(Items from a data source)

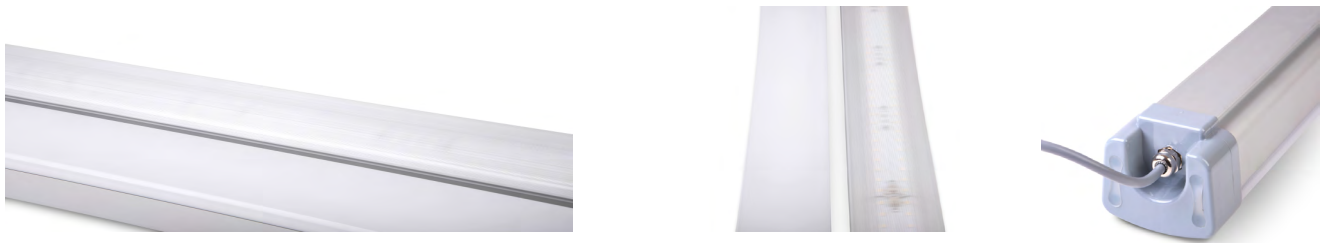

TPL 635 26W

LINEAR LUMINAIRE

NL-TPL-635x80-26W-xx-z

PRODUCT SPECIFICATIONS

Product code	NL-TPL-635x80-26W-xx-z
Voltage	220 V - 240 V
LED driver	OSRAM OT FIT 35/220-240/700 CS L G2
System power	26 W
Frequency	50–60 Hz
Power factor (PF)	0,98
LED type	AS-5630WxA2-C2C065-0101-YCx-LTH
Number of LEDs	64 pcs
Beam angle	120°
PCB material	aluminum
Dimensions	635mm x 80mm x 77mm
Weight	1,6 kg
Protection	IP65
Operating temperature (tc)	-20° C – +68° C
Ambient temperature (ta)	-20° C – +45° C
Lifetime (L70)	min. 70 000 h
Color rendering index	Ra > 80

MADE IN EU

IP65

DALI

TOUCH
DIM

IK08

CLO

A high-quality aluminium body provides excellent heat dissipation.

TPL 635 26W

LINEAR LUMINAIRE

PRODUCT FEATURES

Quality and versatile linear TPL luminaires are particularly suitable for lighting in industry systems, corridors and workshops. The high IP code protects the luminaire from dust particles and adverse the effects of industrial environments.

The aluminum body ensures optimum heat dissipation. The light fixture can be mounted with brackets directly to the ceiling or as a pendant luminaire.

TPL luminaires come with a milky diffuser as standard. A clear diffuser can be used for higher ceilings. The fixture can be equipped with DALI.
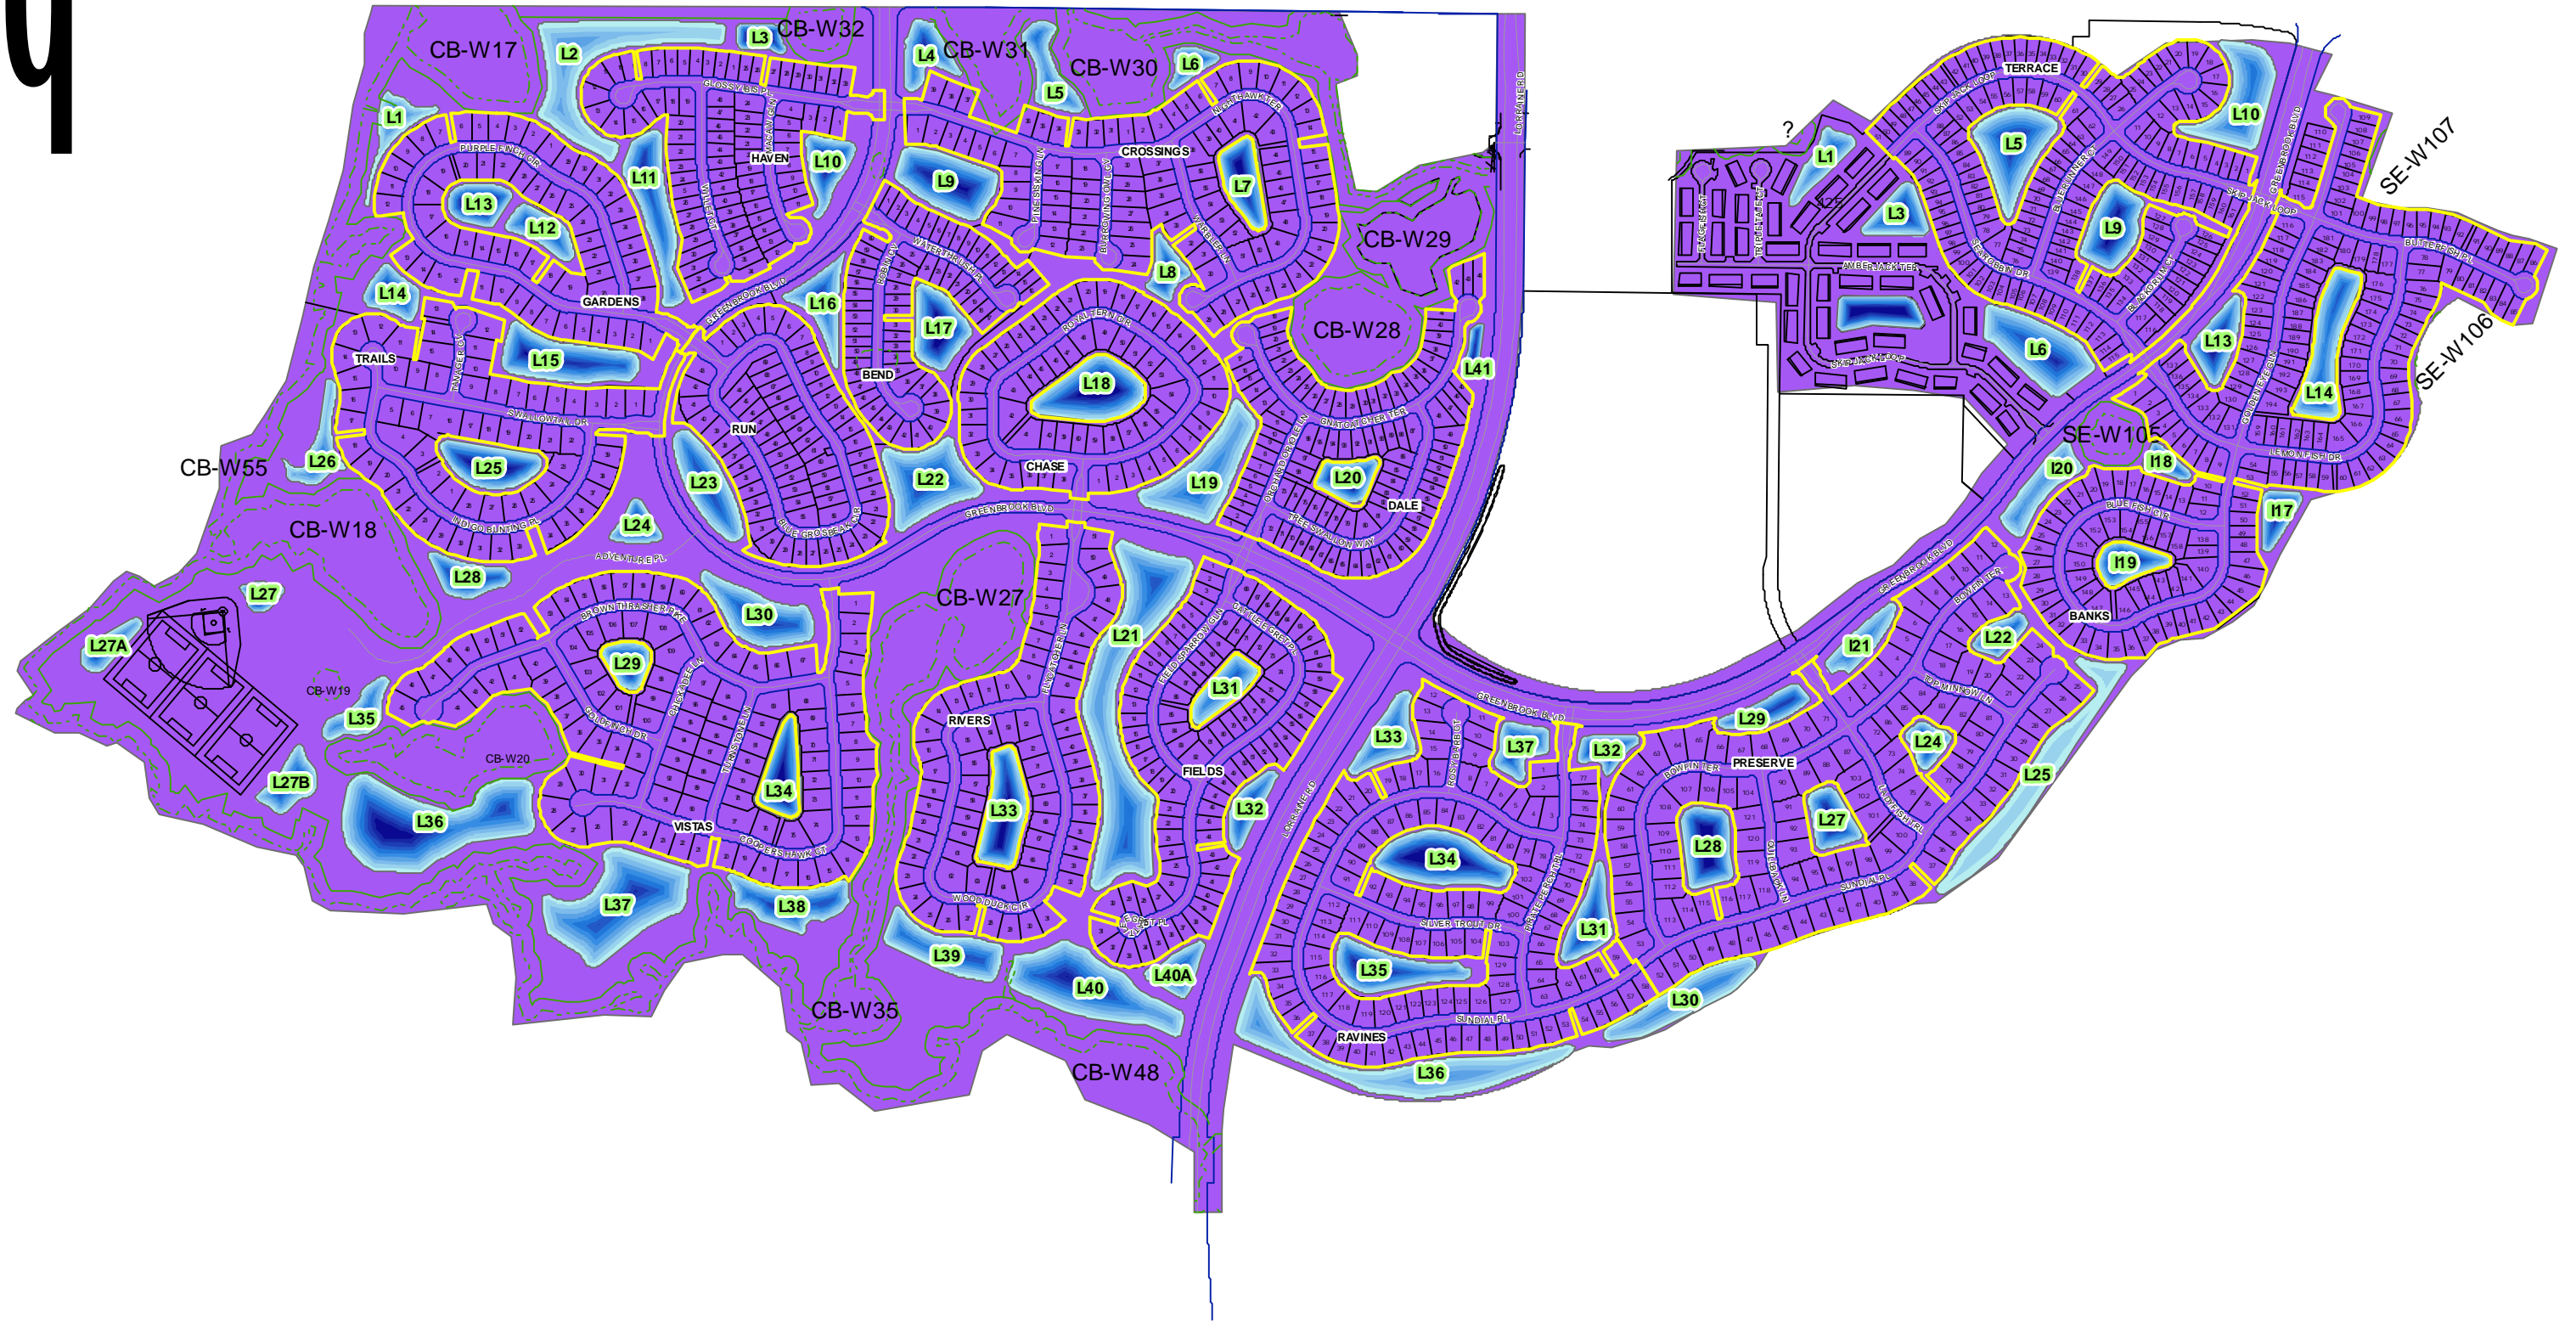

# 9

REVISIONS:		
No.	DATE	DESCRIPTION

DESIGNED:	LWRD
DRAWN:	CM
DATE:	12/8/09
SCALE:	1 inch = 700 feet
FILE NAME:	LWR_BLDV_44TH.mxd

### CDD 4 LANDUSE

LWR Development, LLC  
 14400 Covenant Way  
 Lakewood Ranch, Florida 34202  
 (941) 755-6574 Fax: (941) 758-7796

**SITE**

Goal of the exercise »
Every line above with the word "DALI" is to be copied out.

Solved exercise »
DALI
TPL luminaires come with a milky diffuser as standard. A clear diffuser can be used for higher ceilings. The fixture can be equipped with DALI.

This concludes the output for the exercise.